I think the highest value uses for technology like this are in creative applications. I think about wikis, blogs, shared whiteboards, music production and video editing. In all of these cases, "referential integrity" (database constraints) don't really matter that much, and the working set is usually pretty small.

Sketch was outcompeted by Figma because figma used a CRDT as its backend, which enabled it to be collaborative. Sketch had an arguably better product, and was first to market. But it was stuck in the single-editor model because they didn't have a tool like automerge.

As for conflicts, increasingly my favorite CRDT for "general purpose" data (JSON trees) is MVRegisters. In the case of a conflict, a MV (Multi-value) register stores all of the conflicting values. But the application doesn't have to care - we can still treat it like a "single writer wins" register.

To make this work, the CRDT provides two APIs: a simple API and a complex API:

- The simple API just gives the application "the current value". In the case of concurrent edits, the system quietly chooses a winner. This is enough for most software most of the time. Its certainly enough to get started.

- The complex API returns all current values when a conflict has happened. Applications further along in their development lifecycle can use this API to present conflicts to the user and ask the user what should happen. (Or the application can resolve the conflict itself using application-specific logic).

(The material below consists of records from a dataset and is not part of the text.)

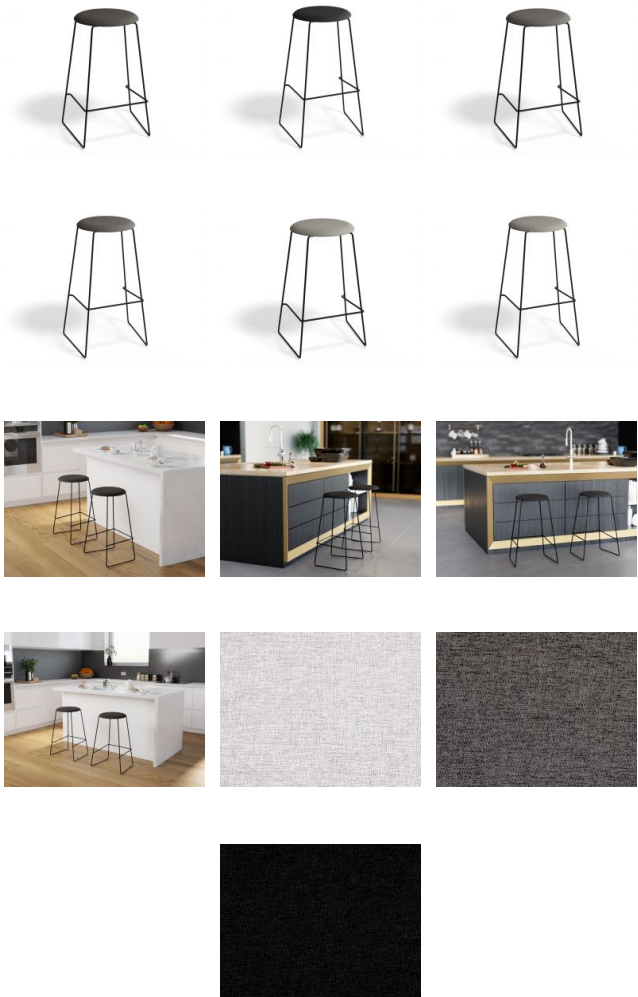

Hugo Bar Stool - Black - Fabric Seat

Product Specifications

Seat Size:	67cm/77cm H x 32cm W x 32cm D
Overall Size:	67cm/77cm H 45cm W x 34cm D
Seat Colour & Material	Fabric in 3 colours
Frame Colour & Material	Black Powder Coated Steel

Manufacturer
BENT DESIGN

Available Options

67cm Kitchen Height - Anthracite Fabric Seat
67cm Kitchen Height - Grey Fabric Seat
67cm Kitchen Height - Light Grey Fabric Seat
77cm Bar Height - Anthracite Fabric Seat
77cm Bar Height - Grey Fabric Seat
77cm Bar Height - Light Grey Fabric Seat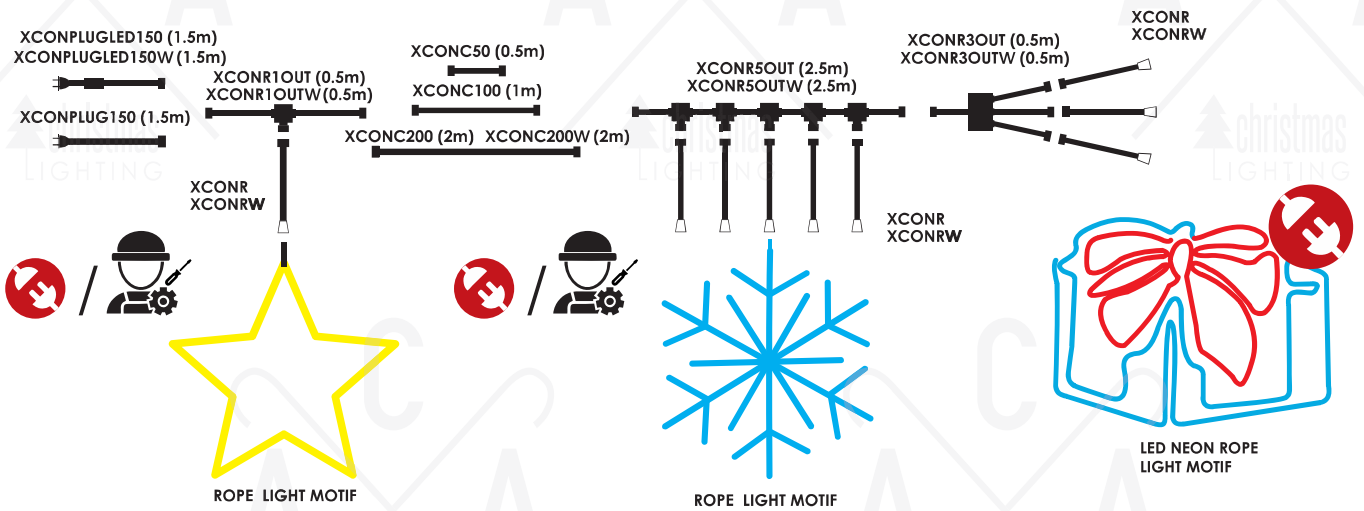

GIANT INFLATABLES

160-161

162

LED DECORATIVE PROJECTORS

163

164

DO IT YOURSELF

STRING LIGHTS
 XCONR3OUT (0.5m)
 XCONR3OUTW (0.5m)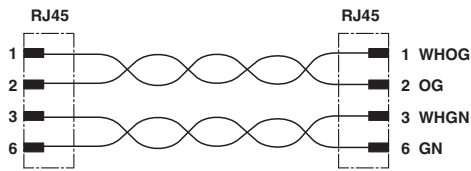

Assembled Ethernet cable, CAT5e, shielded, 2-pair, 26* AWG stranded (7-wire), RAL 5021 (water blue), RJ45 plug/IP20 to RJ45 plug/IP20, line, length: 40 m

RoHS

Ethernet

Key Commercial Data

Packing unit	1 pc
Minimum order quantity	50 pc
GTIN	 4 046356 948968
GTIN	4046356948968

Technical data

Environmental Product Compliance

China RoHS	Environmentally friendly use period: unlimited = EFUP-e
	No hazardous substances above threshold values

Drawings

Schematic diagram

Connector pin assignment plug RJ45

Cable cross section

PUR ETHERNET 2x2 FLEX [93E]

Network cable - NBC-R4AC/40,0-93E/R4AC - 1412094

Circuit diagram

Dimensional drawing

Contact assignment of RJ45 plugs

RJ45 connector, IP20

Approvals

The nice thing about this approach is that the data itself doesn't have to change. Its just an application / UI change to show conflicts. So collaborative applications can be written without caring about conflicts (at first). And later, when conflicts between multiple users cause problems, the applications can move to a richer API if they want to. (And remember, it all works like git under the hood anyway. We can store the full history so even when conflicts are resolved in a weird way, you still haven't lost the users' original edits.)